[Recorded data]
● ● ● ● ● ● ●
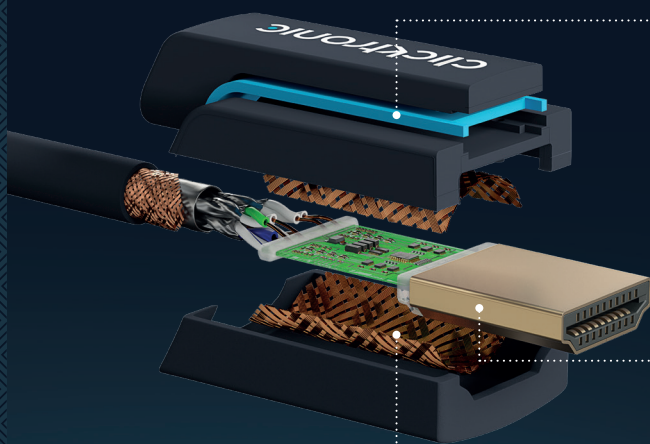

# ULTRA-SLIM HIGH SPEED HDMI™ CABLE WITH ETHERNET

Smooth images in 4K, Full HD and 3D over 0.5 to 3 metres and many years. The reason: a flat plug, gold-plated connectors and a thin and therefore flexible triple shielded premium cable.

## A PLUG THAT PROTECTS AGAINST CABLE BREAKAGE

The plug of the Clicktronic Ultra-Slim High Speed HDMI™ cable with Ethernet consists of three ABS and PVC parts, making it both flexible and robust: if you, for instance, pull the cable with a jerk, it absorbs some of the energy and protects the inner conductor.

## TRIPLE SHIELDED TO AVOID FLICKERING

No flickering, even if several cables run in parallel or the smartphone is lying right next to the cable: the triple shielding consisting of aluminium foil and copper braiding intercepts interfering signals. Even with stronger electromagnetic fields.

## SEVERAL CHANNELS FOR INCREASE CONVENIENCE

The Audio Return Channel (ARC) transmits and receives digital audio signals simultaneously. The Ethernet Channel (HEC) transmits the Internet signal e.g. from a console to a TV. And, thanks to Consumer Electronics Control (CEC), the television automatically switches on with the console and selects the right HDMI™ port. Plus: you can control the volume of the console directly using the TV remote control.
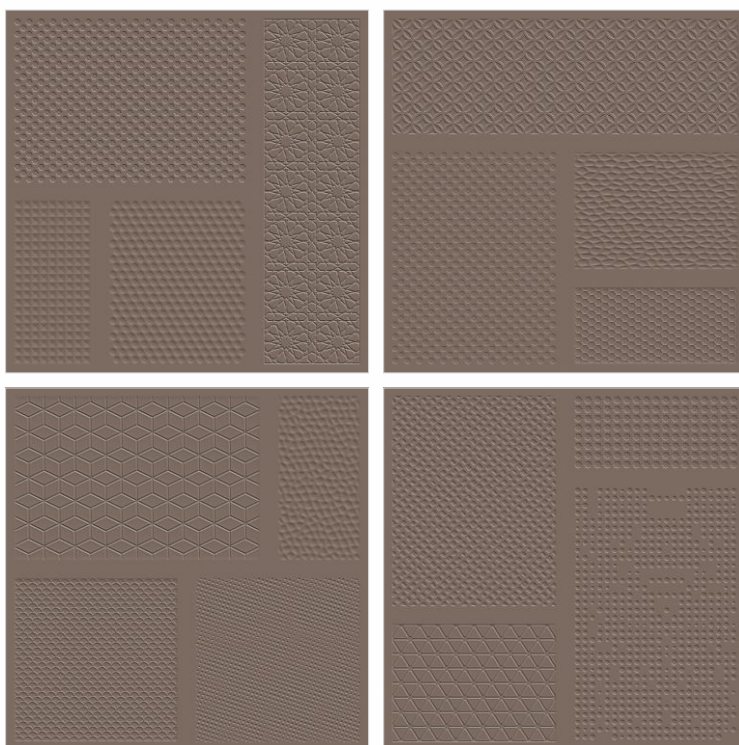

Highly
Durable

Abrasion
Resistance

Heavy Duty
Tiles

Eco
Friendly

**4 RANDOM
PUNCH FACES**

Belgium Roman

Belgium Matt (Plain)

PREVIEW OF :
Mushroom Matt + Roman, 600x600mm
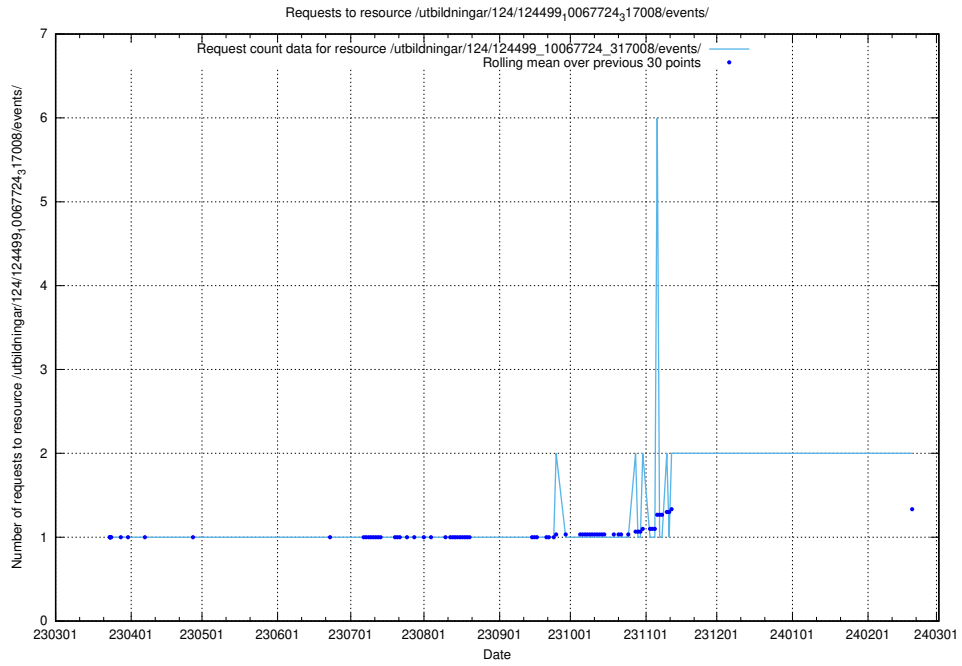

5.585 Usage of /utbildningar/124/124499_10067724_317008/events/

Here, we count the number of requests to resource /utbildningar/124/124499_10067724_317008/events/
● ● ● ● ● ● ●
Print each entry above verbatim, pictures left out.

# ULTRA-SLIM HIGH SPEED HDMI™ CABLE WITH ETHERNET

Smooth images in 4K, Full HD and 3D over 0.5 to 3 metres and many years. The reason: a flat plug, gold-plated connectors and a thin and therefore flexible triple shielded premium cable.

## A PLUG THAT PROTECTS AGAINST CABLE BREAKAGE

The plug of the Clicktronic Ultra-Slim High Speed HDMI™ cable with Ethernet consists of three ABS and PVC parts, making it both flexible and robust: if you, for instance, pull the cable with a jerk, it absorbs some of the energy and protects the inner conductor.

## TRIPLE SHIELDED TO AVOID FLICKERING

No flickering, even if several cables run in parallel or the smartphone is lying right next to the cable: the triple shielding consisting of aluminium foil and copper braiding intercepts interfering signals. Even with stronger electromagnetic fields.

## SEVERAL CHANNELS FOR INCREASE CONVENIENCE

The Audio Return Channel (ARC) transmits and receives digital audio signals simultaneously. The Ethernet Channel (HEC) transmits the Internet signal e.g. from a console to a TV. And, thanks to Consumer Electronics Control (CEC), the television automatically switches on with the console and selects the right HDMI™ port. Plus: you can control the volume of the console directly using the TV remote control.

Highly
Durable

Abrasion
Resistance

Heavy Duty
Tiles

Eco
Friendly

**4 RANDOM
PUNCH FACES**

Belgium Roman

Belgium Matt (Plain)

PREVIEW OF :
Mushroom Matt + Roman, 600x600mm

5.585 Usage of /utbildningar/124/124499_10067724_317008/events/

Here, we count the number of requests to resource /utbildningar/124/124499_10067724_317008/events/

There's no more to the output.